General Pickett’s men lined the White Oak Road on the morning of April 1 along a front of nearly two miles, centered on the star-shaped crossroads at Five Forks. Pickett placed Brigadier General Montgomery Dent Corse’s Virginians north of the Gilliam farm as the right flank of his line. Two more Virginia infantry brigades—under Colonel John Mayo and Brigadier General George Hume Steuart continued the line east past the Five Forks intersection. Colonel William Ransom Johnson Pegram scouted for spots along the line with an open front that would allow him to use his artillery. He placed three guns at Five Forks and another three on Corse’s right flank.

Two infantry brigades borrowed from Anderson continued the line to the east of Steuart.

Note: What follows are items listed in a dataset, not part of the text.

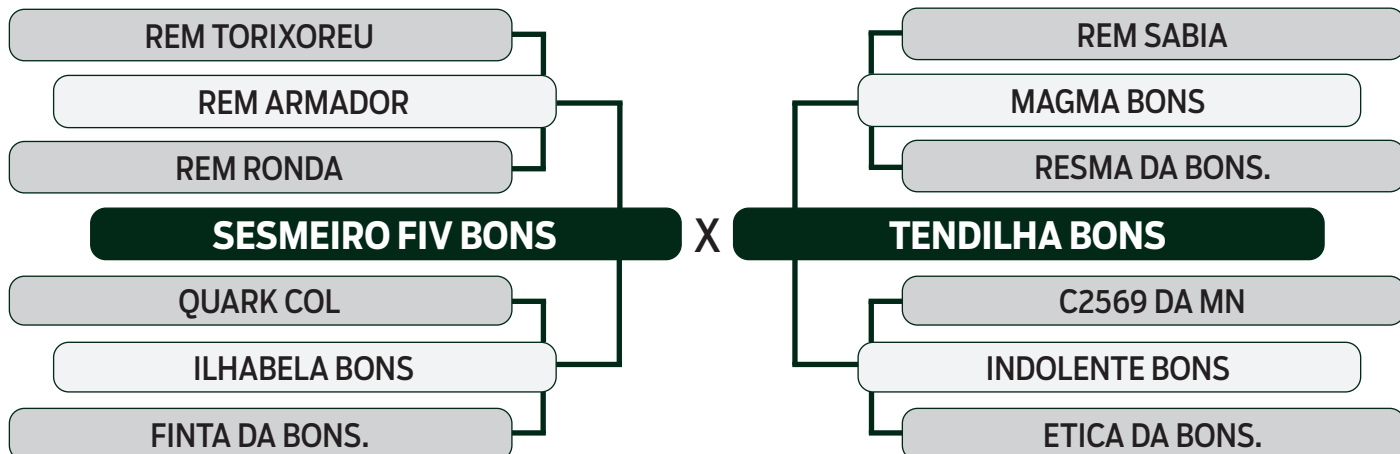

CLIQUE AQUI

PARA VER O VÍDEO DO LOTE

TRIO BONSUCESSO

BATERIA 03

42

DAIRAGO BONS

SEXO: MACHO - REG: BONS 4558 - RAÇA: NELORE PO - NASC.: 09/08/2022
PESO: 498 KG - PE: 30 CM

	MGTe	MP120	DP210	DP450	DPE365	DAOL	DACAB	DSTAY	D3P	DPN
TOP ÍNDICE	15.92	3.37	5.32	5.74	0.50	0.85	0.10	85.81	82.36	1.73
	20%	6%	29%	49%	23%	32%	26%	5%	14%	97%

Brigadier General William Henry Wallace’s South Carolinians faced south, and Brigadier General Matthew Whitaker Ransom’s North Carolinians took a partially refused position at the end of the line, their left flank bent back to the north. Munford had responsibility of using his cavalry division to watch Pickett’s left flank while Rooney Lee guarded the right. Neither flank was properly anchored on any substantial geographic feature, but the infantry created crude log and earthen breastworks.

Map Courtesy of The American Battlefield Trust

Union cavalry had slowly advanced north from Dinwiddie Court House, lightly skirmishing with the Confederates as they fell back toward Five Forks that morning. As Pickett’s command settled into their position around the intersection, Sheridan developed a battle plan to exploit its weaknesses. He directed his cavalry to dismount and utilize their repeating carbines to engage Pickett’s thin line. With the Confederates immobile behind their hastily constructed fortifications, the V Corps would sweep around their left flank and drive them to the west, away from the rest of the Army of Northern Virginia. With that maneuver accomplished, the tracks of the South Side Railroad—Petersburg’s final supply line—would be open to capture.

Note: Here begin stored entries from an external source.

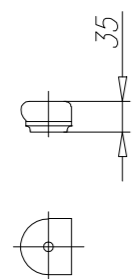

FOT 13

чугун

Серия "Моцарт"
Вариант 1
Используемые элементы

TS 4

сталь

MC 305

сталь

FOC 62 z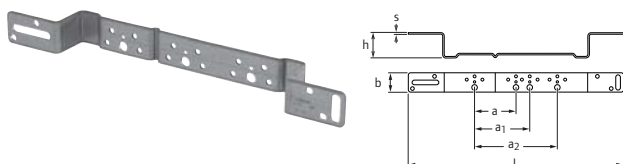

Артикул	s мм	размер мм	l мм	b мм	h мм	a мм	a1 мм
1057842	3	75/150	390	35	46	75	150

Upronor Smart Aqua монтажный угол для водорозеток

Для монтажа водорозеток Upronor. Водорозетка устанавливается в заранее предусмотренные положения. В комплект входят пластиковые фиксаторы и винты М6х12 с защитой от потери по DIN 965. С отверстиями и пазами для простой фиксации. Изготавливается из оцинкованной стали.

Наименование	Упаковка	
Upronor Smart Aqua монтажный угол для водорозеток 75/150мм	5	шт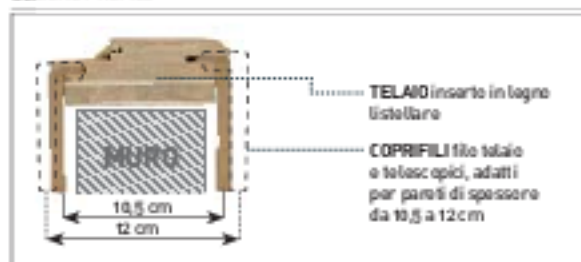

PORTE DA INTERNO

SEZIONE P PROFILO

Battente, L70/80 cm
199,00
ITALIANA

CONTRACT

PORTA FLORA

Anti-amburata anti-igraffio, con perimetro in abete massello, decoro color frassino bianco spazzolato orizzontale, finitura pino aperto, H210 cm (maniglia venduta separatamente)

Battente, L70/80 cm	334,56/57	€ 199,00
Scorrevole interno, L70/80 cm	361,99/80	€ 269,00
Scorrevole esterno, L80 cm	39,912	€ 229,00
Libro, L70/80 cm	361,63/62	€ 309,00
Telaio di passaggio	39,919	€ 99,00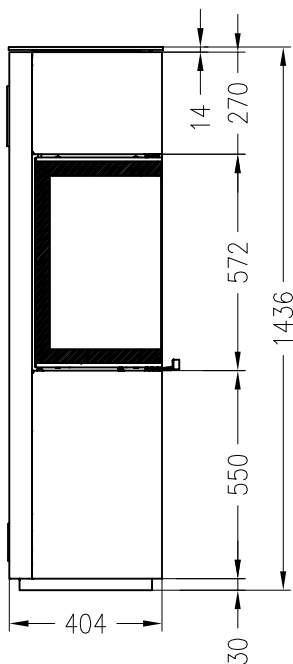

Kaminofen Cubo L (feststehend)

Vorderansicht
M ~1:20

Seitenansicht
M ~1:20

Zuluftstutzen alternativ $\varnothing 100$

Draufsicht
M ~1:10

Optional auch als drehbare Variante möglich !

Alle Abbildungen und Zeichnungen sind urheberrechtlich geschützt.
Verwertung oder Veröffentlichung, auch einzelner Details, nur mit unserer Genehmigung.
Technische Änderungen und Irrtümer vorbehalten!

Kaminofen Cubo L (mit Drehfuß)

Vorderansicht
M ~1:20

bedruckte Glas-
keramik, seitlich
eingefasst

Seitenansicht
M ~1:20

Zuluftstutzen nur mittig $\varnothing 100$

Draufsicht
M ~1:10

Stand: 06-2011

Alle Abbildungen und Zeichnungen sind urheberrechtlich geschützt.
Verwertung oder Veröffentlichung, auch einzelner Details, nur mit unserer Genehmigung.
Technische Änderungen und Irrtümer vorbehalten!

Kaminofen Cubo L mit Holzfach rechts

Vorderansicht
M ~1:20

Seitenansicht
M ~1:20

Rückansicht
M ~1:20

Draufsicht
M ~1:10

Auch als Version mit Holzfach links erhältlich !

Alle Abbildungen und Zeichnungen sind urheberrechtlich geschützt.
Verwertung oder Veröffentlichung, auch einzelner Details, nur mit unserer Genehmigung.
Technische Änderungen und Irrtümer vorbehalten!

While Union cavalry popped away at the Confederate front throughout the afternoon, Warren marched his corps into position for the decisive sweeping attack. He instructed Ayres to advance up Gravelly Run Church Road with Crawford on the right and Griffin in reserve. The infantry carefully deployed into position, exercising caution to not be spotted. The delay further incensed Sheridan, who felt Warren was attempting to let the sun go down before the battle could be fought. Impatient at the inactivity, Sheridan directed Brigadier General Ranald Slidell Mackenzie, whose Army of the James cavalry division had just joined the expedition, to sever the fragile connection between the Confederates at Five Forks and the right flank of Anderson’s main line near the Claiborne Road. A small cavalry force picketed the White Oak Road along this four-mile stretch and did not have the strength to oppose Mackenzie’s determined attack.

The blue jacket troopers successfully seized a position near the Crump Road intersection with White Oak Road, but their charge alerted the Confederates to the danger to their flank. A courier brought news of Mackenzie’s attack to Munford, who had responsibility for protecting Pickett’s left. He hurried his command from their camp along Ford’s Road into position east of the angle in the infantry line. Munford afterward claimed that he then saw the V Corps deployment. He sent several couriers to inform Pickett and Fitzhugh Lee of this development, but the staff officers could not find the generals.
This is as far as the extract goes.